The accurate segmentation of brain tumors from multi-modal MRI is critical for clinical diagnosis and treatment planning. While integrating complementary information from various MRI sequences is a common practice, the frequent absence of one or more modalities in real-world clinical settings poses a significant challenge, severely compromising the performance and generalizability of deep learning-based segmentation models. To address this challenge, we propose a novel Cross-Modal Compositional Self-Distillation (CCSD) framework that can flexibly handle arbitrary combinations of input modalities. CCSD adopts a shared-specific encoder-decoder architecture and incorporates two self-distillation strategies: (i) a hierarchical modality self-distillation mechanism that transfers knowledge across modality hierarchies to reduce semantic discrepancies, and (ii) a progressive modality combination distillation approach that enhances robustness to missing modalities by simulating gradual modality dropout during training. Extensive experiments on public brain tumor segmentation benchmarks demonstrate that CCSD achieves state-of-the-art performance across various missing-modality scenarios, with strong generalization and stability.

Paper Structure

This paper contains 17 sections, 7 equations, 5 figures, 5 tables.

Figures (5)

  • Figure 1: Left: Traditional methods handle modality missing scenarios but lack interaction mechanisms among different modality combinations, resulting in significant performance drops when fewer modalities are available. Right: We propose a cross-modal combination self-distillation approach that introduces two strategies to enable knowledge transfer across hierarchical modality combinations, and simulates modality missing during training to improve robustness and maintain performance under partial modality inputs.
  • Figure 2: Overview. Left: We employs two encoders to capture both shared and specific features for each modality. For all possible modality combinations, these two types of features are concatenated along both feature and channel dimensions, followed by a lightweight convolutional layer to obtain the fused features for the corresponding modality combination.
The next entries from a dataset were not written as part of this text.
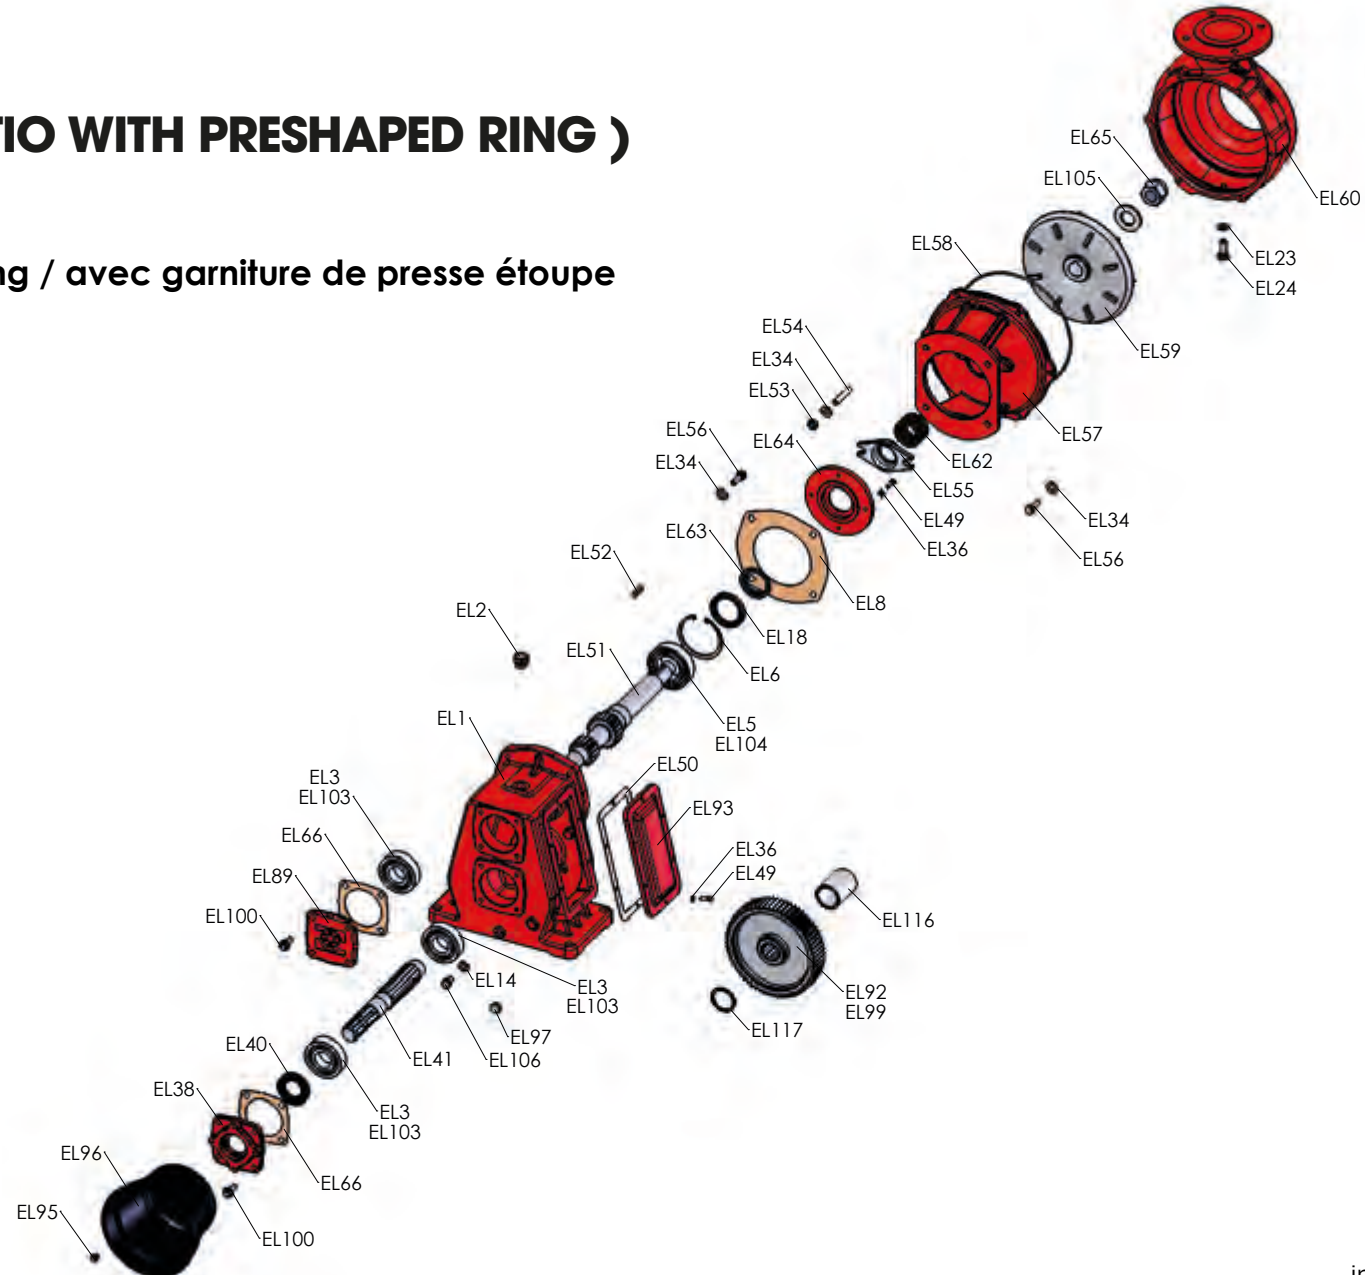

**ERSATZTEILE ZENTRIFUGALPUMPE ELBA**  
**PIECES DE RECHANGE CENTRIFUGEUSE ELBA**

**ELBA 3500 - 6500**

## ELBA 3500 ( 1 RATIO WITH MECHANICAL SEAL )

Rel. 0 del 15.01.2018

mit Gleitringdichtung / avec garniture mécanique

## ELBA 3500 ( 1 RATIO WITH PRESHAPED RING )

Rel. 0 del 15.01.2018

mit Stopfbuchsenpackung / avec garniture de presse étoupe

## ELBA 6500 ( 1 RATIO WITH MECHANICAL SEAL )

Rel. 0 del 15.01.2018

mit Gleitringdichtung / avec garniture mécanique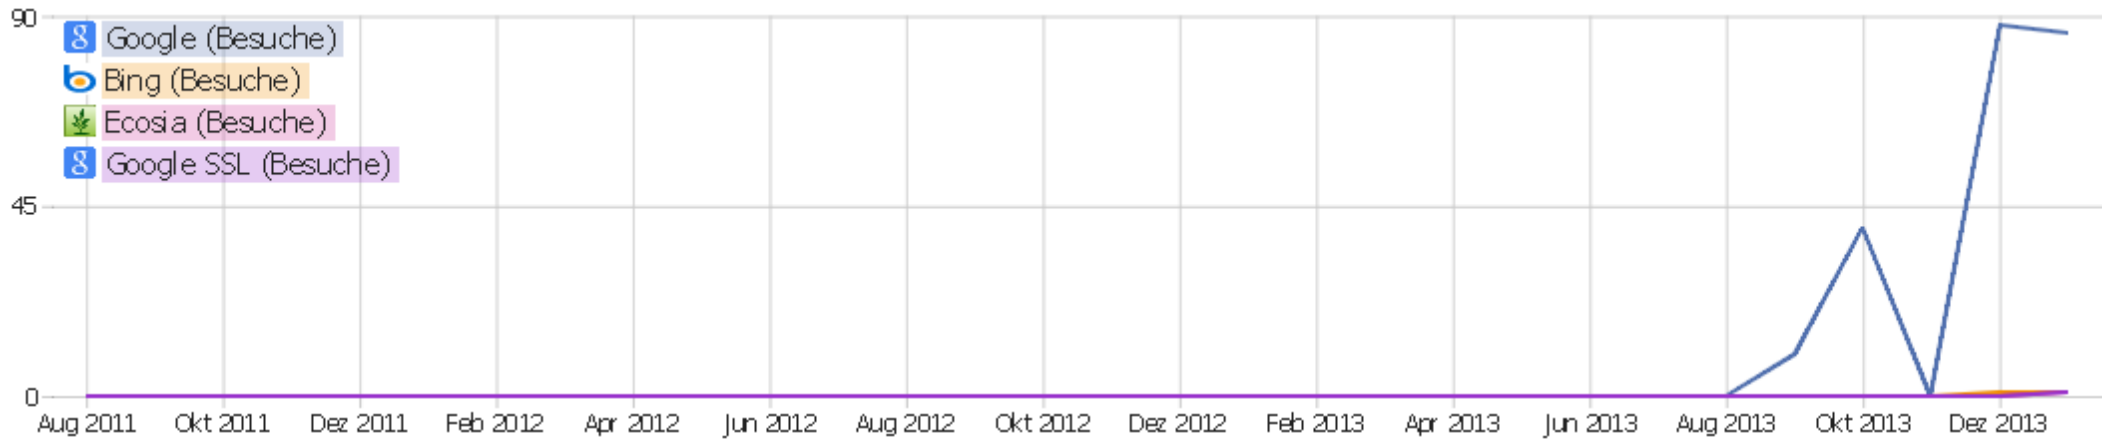

Suchmaschinen

Suchmaschine	Besuche	Aktionen	Aktionen pro Besuch	Durchschnittszeit auf der Webseite	Absprungrate	Umsatz
Google	86	214	2,49	00:01:23	51,16%	0 €
Bing	1	1	1	00:00:00	100%	0 €
Ecosia	1	1	1	00:00:00	100%	0 €
Google SSL	1	1	1	00:00:00	100%	0 €

Kampagnen

Es stehen keine Daten für diesen Bericht zur Verfügung.

Soziale Netzwerke

Es stehen keine Daten für diesen Bericht zur Verfügung.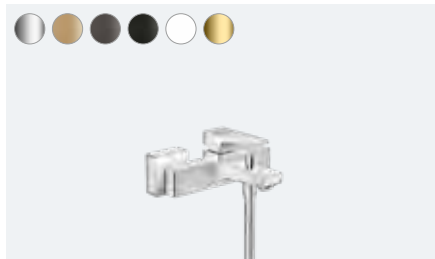

Metropol
ééngreeps badmengkraan opbouw
32540, -000, -140, -340, -670, -700, -990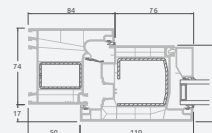

# Террасные двери

Система LINEAR

Одностворчатые, с открыванием наружу

Двухкамерный (3 стекла) стеклопакет

Однокамерный (2 стекла) стеклопакет

Одностворчатая террасная дверь со стеклянными секциями

**A**

Одностворчатая террасная дверь с 1 горизонтальным импостом, с 2 стеклянными секциями.

**B**

Одностворчатая террасная дверь с 2 горизонтальными импостами, с 2 стеклянными секциями и 1 секцией из ПВХ.

**F**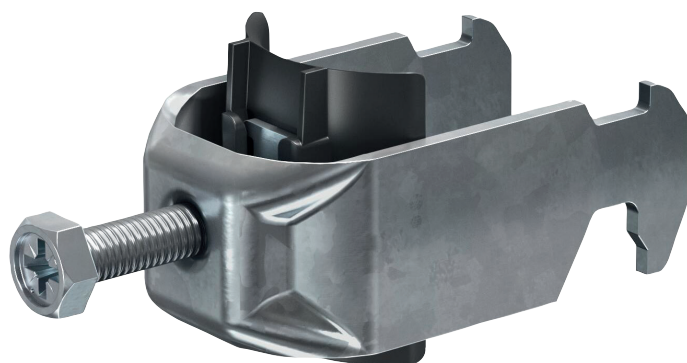

Bügelschelle 8-12 bandverzinkt,
inkl. UV-beständige Gegenwanne 12, schwarz

**Leistungsmerkmale**

Das RED Bügelschellen-Portfolio ist jetzt noch anwendungs- und installationsfreundlicher, mit deutlich stärkerem Halt. Unser Portfolio wurde gezielt an den realen Anforderungen aus der Praxis ausgerichtet. So bieten unsere Bügelschellen optimale Lösungen, um die Herausforderungen im Installationsalltag sicher und mühelos zu meistern. Die sichere und effiziente Befestigung von Leitungen, Kabel und Rohre auf Profilschienen und Kabelleitern sind gewährleistet.

DEHA-Nummer

7621209

Artikelnummer

2110-40-0064

EAN

4046725402923

Kennzeichnung

Bügelschelle 8-12 bandverzinkt,
inkl. UV-beständige Gegenwanne 12, schwarz

Allgemeine Daten

Merkmale	
Für Rohre (metrisch)	12
Spannbereich	8 - 12 mm
Werkstoff Schelle	Stahl
Oberfläche Schelle	bandverzinkt
Werkstoff der Wanne	Kunststoff
Werkstoffgüte der Wanne	Polypropylen (PP)
Werkstoff Schraube	Stahl
Werkstoff der Gegenwanne	Kunststoff
Halogenfrei	ja
Mit Gegenwanne	ja
Montageart	C-Profil
Max. Anzahl der Kabel	1

4 046725 402923

Performance features

The RED cable clamp portfolio is now even more user-friendly and easier to install, with significantly stronger holding power. Our portfolio has been specifically designed to meet real-world requirements. Our cable clamps offer optimal solutions for mastering the challenges of everyday installation work safely and effortlessly. Secure and efficient fastening of wires, cables, and pipes to profile rails and cable trays is guaranteed.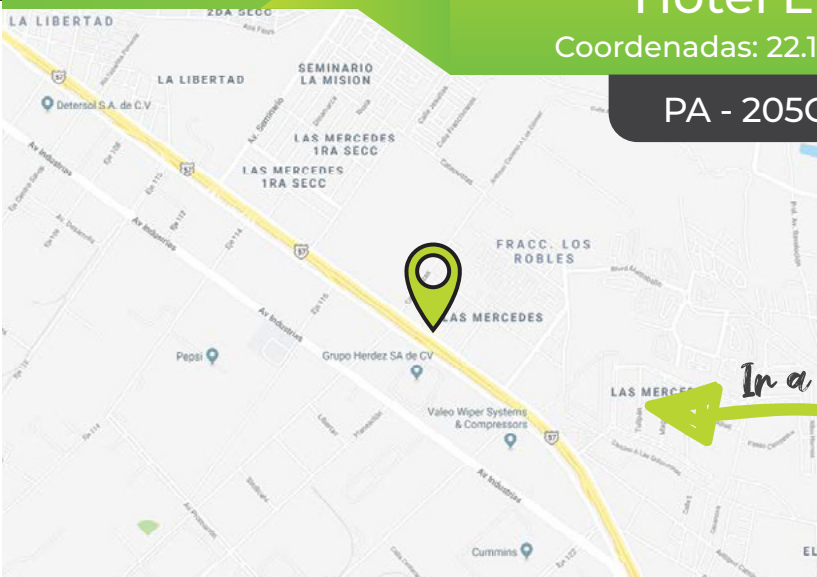

Carretera 57

Hotel Encore 2

Coordenadas: 22.110969, -100.896121

PA - 205C | Vista 2

Ir a la ubicación

- **Zona:** Dorada
- **Referencia:** de de San Luis Potosí hacia Villa de Pozos.
- **Medida:** 12.90 x 7.20 mts
- **Altura:** 17 mts
- **Vista:** doble vista
- **¡Excelente ubicación!**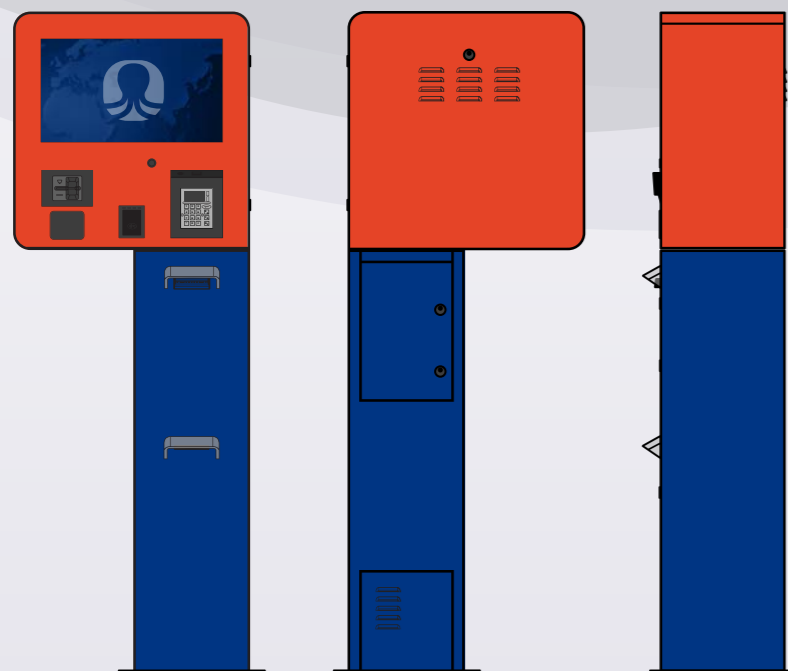

OctoMAT je bezobslužné platební zařízení, které umožňuje bezobslužný provoz čerpacích stanic PHM.

MÁME ŘEŠENÍ PRO

- Majitele čerpacích stanic, kteří sami pracují na čerpací stanici a chtějí zachovat provoz i při vlastní nepřítomnosti
- Majitele čerpacích stanic, kteří chtějí rozšířit provozní dobu čerpací stanice bez zvyšování mzdových nákladů
- Majitele čerpacích stanic, kteří chtějí změnit provoz čerpací stanice na bezobslužný
- Dodavatele bezobslužných čerpacích nebo plnicích stanic jako součást jejich dodávky
- Výrobce výdejních stojanů jako volitelná součást jejich dodávek pro zájemce o výdejní stojany s integrovaným samoobslužným prodejem

VÝHODY

- Možnost 24hodinového provozu čerpací stanice
- Úspora personálních nákladů
- Rozšíření platebních možností čerpací stanice
- Celokovové robustní provedení
- Online helpdesková podpora 24 hodin denně
- Jednoduché a uživatelsky příjemné ovládání
- Vyrobeno v ČR

DMT 3 OctoMat 3

NONSTOP BEZOBSLUŽNÉ ŘEŠENÍ PRO VAŠI STANICI PHM

... nová generace platebních řešení!

Varianta Octomatu III.
zabudovaná do zdi

Varianta Octomatu III.
s obsluhou zepředu

Varianta Octomatu III.
s obsluhou zezadu

dotyková full HD
obrazovka 21,5"

IP komunikátor
s Helpdeskem

čtečka čárového
a QR kódu

platební terminál
bankovních karet

akceptor hotovosti
CZK a EUR

tiskárna

** Akceptace platebních
metod dle možností banky
provozovatele ČS*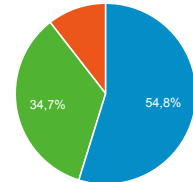

Appareils

■ desktop ■ mobile ■ tablet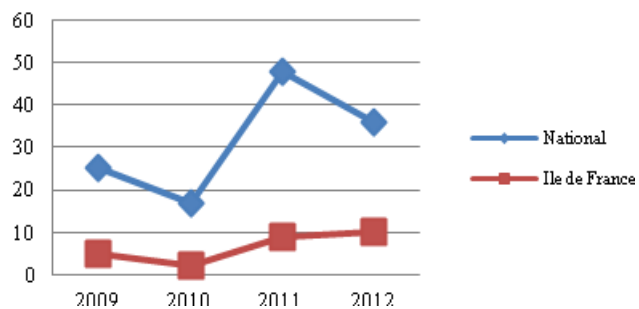

Répartition Des médailles	Dames				Messieurs				Général (Dames + Messieurs)			
	Or	Argent	Bronze	Total	Or	Argent	Bronze	Total	Or	Argent	Bronze	Total
ILE DE FRANCE	2	7	4	13	3	2	3	8	5	9	7	21
NATIONALE	17	17	17	51	17	17	17	51	34	34	34	102

STATISTIQUES REGIONALES
CHAMPIONNATS DE FRANCE N.2 (50m)

50m nagelibre dames

100m nagelibre dames

200m nagelibre dames

400m nagelibre dames

800m nagelibre dames

1500m nagelibre dames

50m dos dames

100m dos dames

200m dos dames

50m brasse dames

100m brasse dames

200m brasse dames

50m papillon dames

100m papillon dames

200m papillon dames

Based on the fused features, we implement Hierarchical Modality Self-Distillation and Decremental Modality Combination Distillation. The two distillation losses, together with the segmentation loss computed from the decoder using the fused features, are jointly used to optimize the model parameters. During inference, the model can adapt to various scenarios involving missing modalities. Right: Algorithmic illustration of DMCD. $\mathcal{S}_N^n$: under ideal conditions with $N$ modalities, the set of all cases containing only $n$ modalities. $\mathcal{S}_i$: a specific modality combination, $\tau$: temperature.
  • Figure 3: Visualization. Green: edema; yellow: enhancing tumor; and red: necrotic and non-enhancing tumor core. GT: Ground Truth.
  • Figure 4: Comparison of average Dice scores across varying numbers of modalities.
  • Figure 5: Comparison of AURC scores among our method and four baseline methods on the three segmentation tasks: ET, TC, and WT. AURC evaluates the overall performance and robustness of a model under varying degrees of modality missing by computing the area under the curve of average Dice scores with respect to the number of available modalities. A higher AURC indicates better stability and performance, especially when modalities are missing.